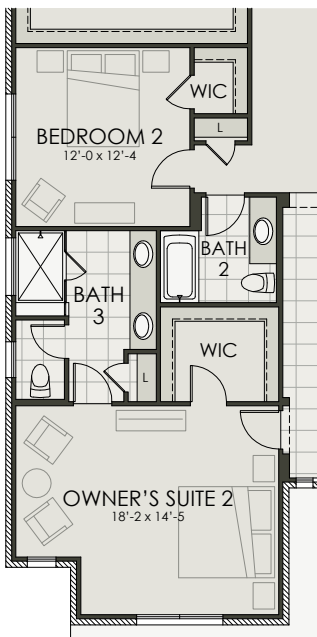

Fairfield

3 Bedroom | Flex Room | 2.5 Bath | 3 Car Tandem Garage

Mountain Valley Lake

KID'S SUITE OPTION

BEDROOM 4 SUITE OPTION

OWNER'S SUITE 2 OPTION

GUEST SUITE OPTION

OWNER'S SUITE OPTION

50'-0"
80'-0"

Fairfield

3 Bedroom | Flex Room | 2.5 Bath | 3 Car Tandem Garage

Mountain Valley Lake

Area | Elevation A

Living Area 2,687 SF

Entry/Porch.....177 SF

Covered Patio302 SF

Garage.....678 SF

Total Area.....3,844 SF

Area | Elevation B

Living Area 2,687 SF

Entry/Porch.....177 SF

Covered Patio302 SF

Garage.....678 SF

Total Area.....3,844 SF

Area | Elevation C

Living Area 2,687 SF

Entry/Porch.....177 SF

Covered Patio302 SF

Garage.....678 SF

Total Area.....3,844 SF

· · · · · · ·

Aim of the exercise
I would like the data above transcribed exactly, with its pictures left out.

The answer
Fairfield

3 Bedroom | Flex Room | 2.5 Bath | 3 Car Tandem Garage

Mountain Valley Lake

KID'S SUITE OPTION

BEDROOM 4 SUITE OPTION

OWNER'S SUITE 2 OPTION

GUEST SUITE OPTION

OWNER'S SUITE OPTION

50'-0"
80'-0"

Fairfield

3 Bedroom | Flex Room | 2.5 Bath | 3 Car Tandem Garage

Mountain Valley Lake

Area | Elevation A

Living Area 2,687 SF

Entry/Porch.....177 SF

Covered Patio302 SF

Garage.....678 SF

Total Area.....3,844 SF

Area | Elevation B

Living Area 2,687 SF

Entry/Porch.....177 SF

Covered Patio302 SF

Garage.....678 SF

Total Area.....3,844 SF

Area | Elevation C

Living Area 2,687 SF

Entry/Porch.....177 SF

Covered Patio302 SF

Garage.....678 SF

Total Area.....3,844 SF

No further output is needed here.